Ships, planes and remote businesses rely for internet connections on signals sent from geostationary orbit, but this method is too pricey for widespread adoption. Beaming the internet via satellites orbiting closer to the planet has been tried before. The idea was popular at the height of the tech boom of the late 1990s. Three companies—Teledesic, Iridium and Globalstar—poured tens of billions of dollars into the low-Earth orbit (leo) satellite internet. It culminated in the collapse of Teledesic. Although the technology of the time worked, it was very costly and so the services on offer had to be hugely expensive, too. Iridium survived, but as a niche provider of satellite telephony, not a purveyor of cheap and fast internet access.

OneWeb is among several firms that are trying leo satellites again. SpaceX, a rocket company founded by Elon Musk, a tech entrepreneur, is guarded about its proposed system, Starlink, but on November 15th American regulators approved an application for 7,518 satellites at an altitude of 340km (bringing the total for which the firm has approval to nearly 12,000). Telesat, a Canadian firm, has plans for a 512-satellite constellation. LeoSat, a startup with Japanese and Latin American backers, aims to build a 108-satellite network aimed at providing super-fast connections to businesses. Iridium, still in the game, will launch the final ten satellites in its new constellation of 66 by the end of the year. Not to be outdone, a Chinese state-owned firm recently announced the construction of a 300-satellite constellation. In ten years’ time, if all goes to plan, these new firms will have put more satellites into orbit by themselves than the total launched to date (see chart).

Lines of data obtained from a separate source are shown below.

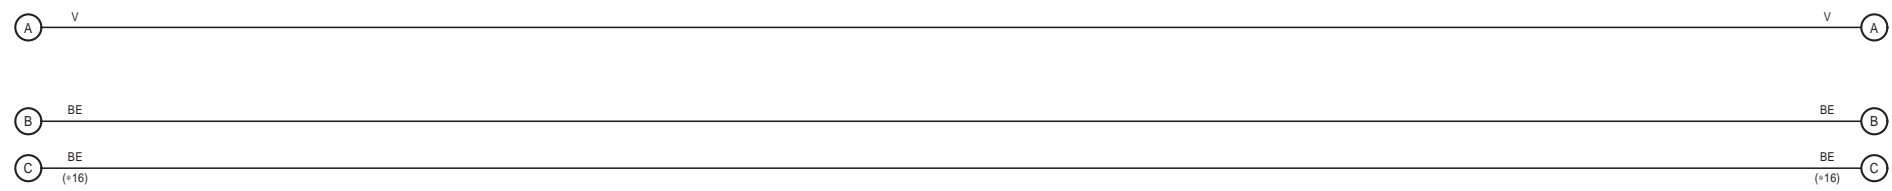

* 3 : w/ LEXUS Navigation System
* 4 : w/o LEXUS Navigation System
* 9 : Before Jun. 2014 Production
* 16 : LEXUS Display Audio System Type
# : There is no wire color information.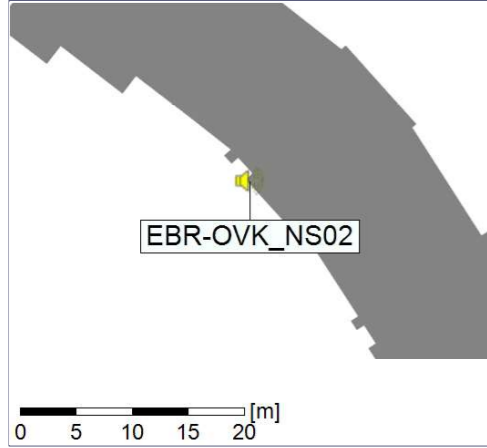

### Noise Time Related Diagram

07/03/2022  
08/03/2022

○○○ EBR-OVK\_NS02

Remarks

...

Project: Kronos Sydhavnen  
Construction: Enghave Brygge  
Location: N-V

Plan View

Remarks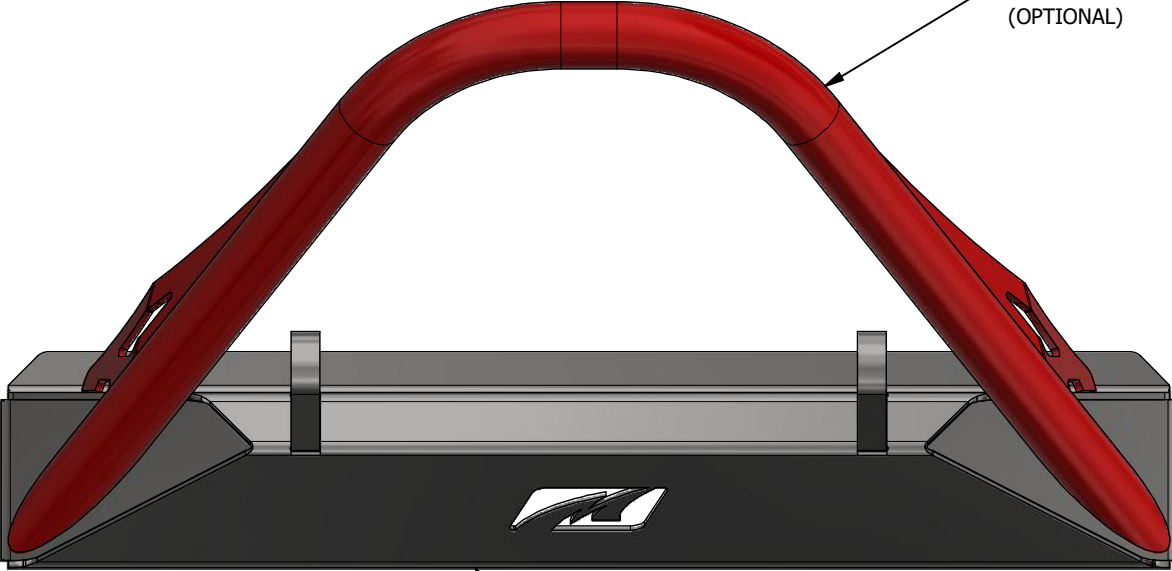

HARDWARE NOT INCLUDED

STUBBY BUMPER STINGER
(OPTIONAL)

#MB1015
STUBBY BUMPER
QTY 1

Dwg/Part No:
MB1015 - Customer
Description:
CJ Stubby Front Bumper

Sheet No: **1** of **1**
Rev No: **0**

Mat'l:

These companies want to avoid the technical issues of geostationary satellites by putting theirs into a low orbit, where the data will take only a few milliseconds to travel to space and back. And because signals need not be sent so far the satellites can be smaller and cheaper. OneWeb claims they might weigh 150kg and cost a few hundred thousand dollars, compared with a tonne or more, and tens or even hundreds of millions of dollars, for the geostationary sort.

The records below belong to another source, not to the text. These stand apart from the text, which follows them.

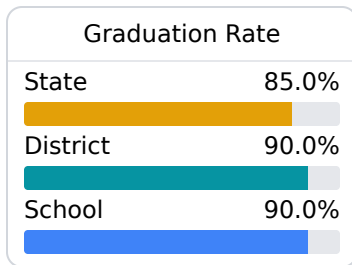

Laurel High School

Laurel School District

1100 W 12TH STREET
Laurel, MS 39440

Eric Boone
eboone@laurelschools.org

Due to the impact of COVID-19 on school closures in the 2019-20 school year and a waiver from the U.S. Department of Education, the Mississippi Department of Education (MDE) has no assessment and accountability data to report for the 2019-20 school year.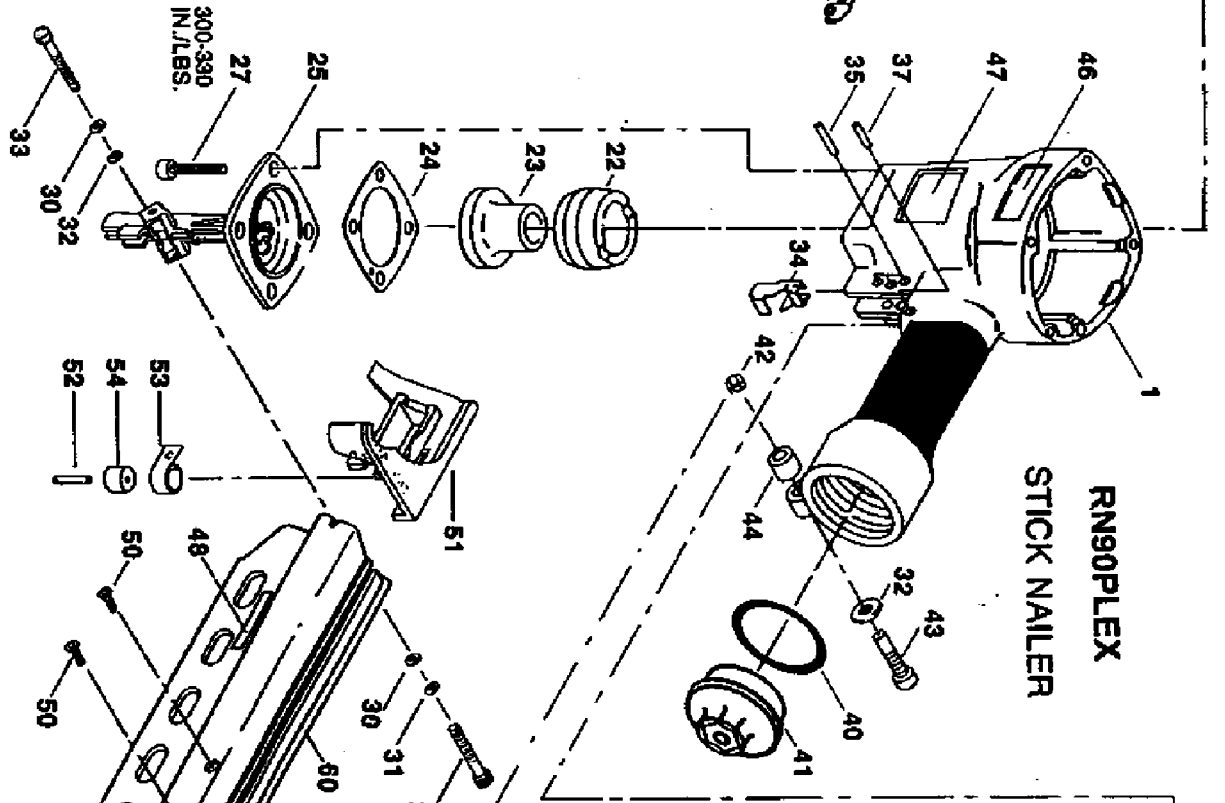

RN90PLEX STICK NAILER

Parts List for RN90PLEX Type 0

Item Number	Part Number	Description	Qty Required
1	110005	FRAME	1
2	N70118	SEAL-CYLINDER CAP	1
3	105590	CAP (SERVICE PART)	1
4	N80161	PISTON STOP	1
5	104059	HEAD VALVE	1
6	101256	SPRING-COMPRESSION	1
7	101236	O-RING-2.48X.115	2
8	MRG041630	O-RING-1.638X.118	1
9	T55031	RING-BUMPER	1
11	MSC6100-40	SCREW-SOC. HD. CAP M	4
12	102473	PROTECTOR-TOP FRAME	1
13	MSF8125-25	SCREW-SFHCS M8 X 1.2	1
14	102506	COVER-EXHAUST	1
15	N70155	SEAL-CYLINDER	1
16	851439	O-RING-1.689X.190	1
19	000000-00	No Longer Available	1
21	MRG084431	O-RING-3.323X.122	1
22	N70156	BUMPER - A	1
23	N70157	BUMPER - B	1
24	N80354	GASKET-NOSE	1
25	000000-00	No Longer Available	1
26	000000-00	No Longer Available	1
27	MSC8125-28	SCREW-SHCS M8X28	1
28	N80132	SPRING-CONTACT ARM	1
29	MSC6100-16	SCREW-SHCS-M6X1.00X1	1
30	000000-00	No Longer Available	1
31	000000-00	No Longer Available	1

Parts List for RN90PLEX Type 0

Item Number	Part Number	Description	Qty Required
32	MPW6.2	WASHER.SPECIAL	1
33	MSC6100-16	SCREW-SHCS-M6X1.00X1	1
34	N70145	GUIDE-ARM	1
35	102549	PIN-SPECIAL SPIROL M	1
36	CNTK2	KIT-CONTACT TRIP CON	1
37	MPP030020	PIN-SPIRAL M3X20MM	1
38	TVA6	KIT-TRIGGER VALVE	1
40	MRG049431	O-RING-2.343X.118	1
41	N70167	CAP-END	1
42	MHE6100-100	NUT-ESN M6X1	1
43	MSC6100-30	SCREW-SHCS-M6X1.00X3	1
44	N70143	BUSHING-RUBBER	1
46	113220	LABEL-BOSTITCH	1
47	159912	LABEL-WARNING-COIL N	1
48	000000-00	No Longer Available	1
50	MSB5080-10	SCREW-SBHCS-M5X0.80X	2
51	000000-00	No Longer Available	1
52	000000-00	No Longer Available	1
53	000000-00	No Longer Available	1
54	000000-00	No Longer Available	1
55	MHE4070-100	ELASTIC STOP NUT-M4	1
56	100849	WASHER-LOCK-M4	1
57	MHE5080-100	NUT-NYLON M5X.80	2
58	MLW5	WASHER-HSLW M5	2
59	HNS3285B	STRAP - 20 DEGREE NA	1
60	104508	MAGAZINE-DUPLEX NAIL	1
61	000000-00	No Longer Available	1

Floating in a most peculiar way

At 1,200km up, where OneWeb intends its first satellites to operate, they do not sit still in the sky. A satellite overhead will sink below the horizon seven minutes later. That has two consequences. First, to ensure that a satellite is always available to any user, a great many are required. Second, to talk to such a satellite you need an antenna that can track it across the sky.

One way to understand this is as a cellular-phone network turned inside out. On Earth, cell-phone towers are fixed; a user’s phone talks to the closest or least busy one, which may change as the user moves or traffic alters. In OneWeb’s system each satellite is a moving cell tower, circling the Earth from pole to pole in one of 18 orbital planes that look like lines of longitude (see diagram). The 900 cells, each one covering an area of a bit more than 1m kilometres, skim across the Earth at 26,000km an hour. Clever software hands transmission from one satellite to the next as they move into and out of range.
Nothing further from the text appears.